* [What you need to do]
Starting with the line that contains "SWAVES_Percent_Full_Prediction" and stopping after the line that contains "Ground Time (2020:339:04:00:00.000", copy the entries below exactly. Include nothing else.

┄┄┄┄┄┄┄┄┄┄┄┄┄┄┄┄┄┄┄┄

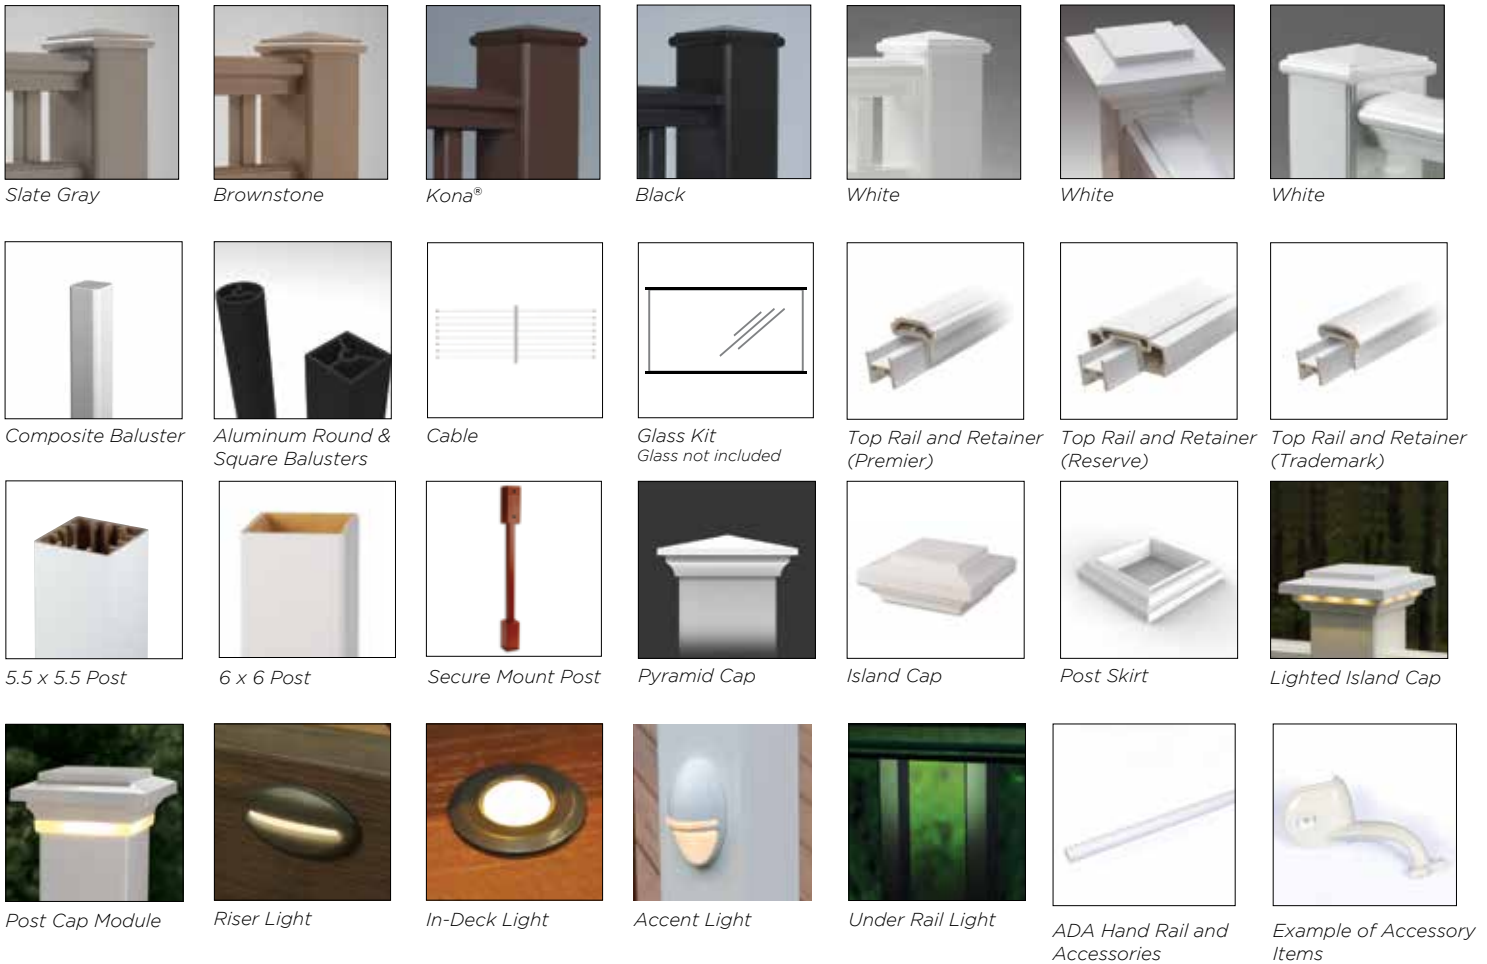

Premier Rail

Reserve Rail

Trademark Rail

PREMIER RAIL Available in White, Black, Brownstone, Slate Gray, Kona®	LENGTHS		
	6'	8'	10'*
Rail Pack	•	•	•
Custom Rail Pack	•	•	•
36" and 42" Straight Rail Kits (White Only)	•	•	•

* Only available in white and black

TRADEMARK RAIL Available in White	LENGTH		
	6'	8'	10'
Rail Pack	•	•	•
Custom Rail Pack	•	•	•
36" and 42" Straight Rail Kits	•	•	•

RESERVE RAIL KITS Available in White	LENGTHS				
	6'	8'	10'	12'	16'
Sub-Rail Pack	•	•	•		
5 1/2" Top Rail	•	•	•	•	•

┄┄┄┄┄┄┄┄┄┄┄┄┄┄┄┄┄┄┄┄

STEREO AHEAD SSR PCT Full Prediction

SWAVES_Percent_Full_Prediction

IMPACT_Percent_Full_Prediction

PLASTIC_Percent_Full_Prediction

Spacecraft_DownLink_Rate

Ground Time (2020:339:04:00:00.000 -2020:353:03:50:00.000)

┄┄┄┄┄┄┄┄┄┄┄┄┄┄┄┄┄┄┄┄

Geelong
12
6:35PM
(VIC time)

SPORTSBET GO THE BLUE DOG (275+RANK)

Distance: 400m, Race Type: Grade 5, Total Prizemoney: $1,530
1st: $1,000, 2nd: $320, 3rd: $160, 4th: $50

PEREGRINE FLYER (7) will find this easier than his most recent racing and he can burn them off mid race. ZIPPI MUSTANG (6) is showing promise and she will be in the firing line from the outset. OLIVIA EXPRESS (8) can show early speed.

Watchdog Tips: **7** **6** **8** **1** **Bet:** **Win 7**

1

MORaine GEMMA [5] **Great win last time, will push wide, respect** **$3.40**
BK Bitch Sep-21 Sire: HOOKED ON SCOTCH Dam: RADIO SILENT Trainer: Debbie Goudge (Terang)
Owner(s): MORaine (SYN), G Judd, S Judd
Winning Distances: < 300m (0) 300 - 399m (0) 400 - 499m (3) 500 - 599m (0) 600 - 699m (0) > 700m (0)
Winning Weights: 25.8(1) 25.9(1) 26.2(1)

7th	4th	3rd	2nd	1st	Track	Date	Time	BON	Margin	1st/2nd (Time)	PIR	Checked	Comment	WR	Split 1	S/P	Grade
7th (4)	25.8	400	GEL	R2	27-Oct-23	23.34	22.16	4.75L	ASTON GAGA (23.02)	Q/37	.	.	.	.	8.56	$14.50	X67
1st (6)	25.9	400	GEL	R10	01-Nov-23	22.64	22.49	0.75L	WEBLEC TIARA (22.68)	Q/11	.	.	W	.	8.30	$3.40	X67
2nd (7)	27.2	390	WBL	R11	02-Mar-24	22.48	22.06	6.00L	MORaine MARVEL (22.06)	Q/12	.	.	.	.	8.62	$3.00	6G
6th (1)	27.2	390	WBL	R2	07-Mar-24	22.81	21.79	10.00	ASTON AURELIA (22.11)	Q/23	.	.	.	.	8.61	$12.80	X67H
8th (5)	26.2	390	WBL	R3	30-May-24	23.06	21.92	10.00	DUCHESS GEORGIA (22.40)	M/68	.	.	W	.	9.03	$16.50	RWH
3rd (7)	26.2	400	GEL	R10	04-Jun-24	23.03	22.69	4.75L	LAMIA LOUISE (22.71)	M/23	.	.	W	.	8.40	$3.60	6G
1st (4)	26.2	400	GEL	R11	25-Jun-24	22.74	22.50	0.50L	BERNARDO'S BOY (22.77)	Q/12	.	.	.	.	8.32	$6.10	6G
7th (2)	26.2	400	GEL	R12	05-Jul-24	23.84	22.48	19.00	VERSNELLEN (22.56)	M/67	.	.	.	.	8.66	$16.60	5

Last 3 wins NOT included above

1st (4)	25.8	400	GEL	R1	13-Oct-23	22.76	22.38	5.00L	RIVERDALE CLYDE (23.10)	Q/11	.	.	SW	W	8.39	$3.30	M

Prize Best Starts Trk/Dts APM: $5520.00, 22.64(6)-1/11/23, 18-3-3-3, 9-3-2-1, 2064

┄┄┄┄┄┄┄┄┄┄┄┄┄┄┄┄┄┄┄┄

* [Result of this task]
SWAVES_Percent_Full_Prediction

IMPACT_Percent_Full_Prediction

PLASTIC_Percent_Full_Prediction

Spacecraft_DownLink_Rate

Ground Time (2020:339:04:00:00.000 -2020:353:03:50:00.000)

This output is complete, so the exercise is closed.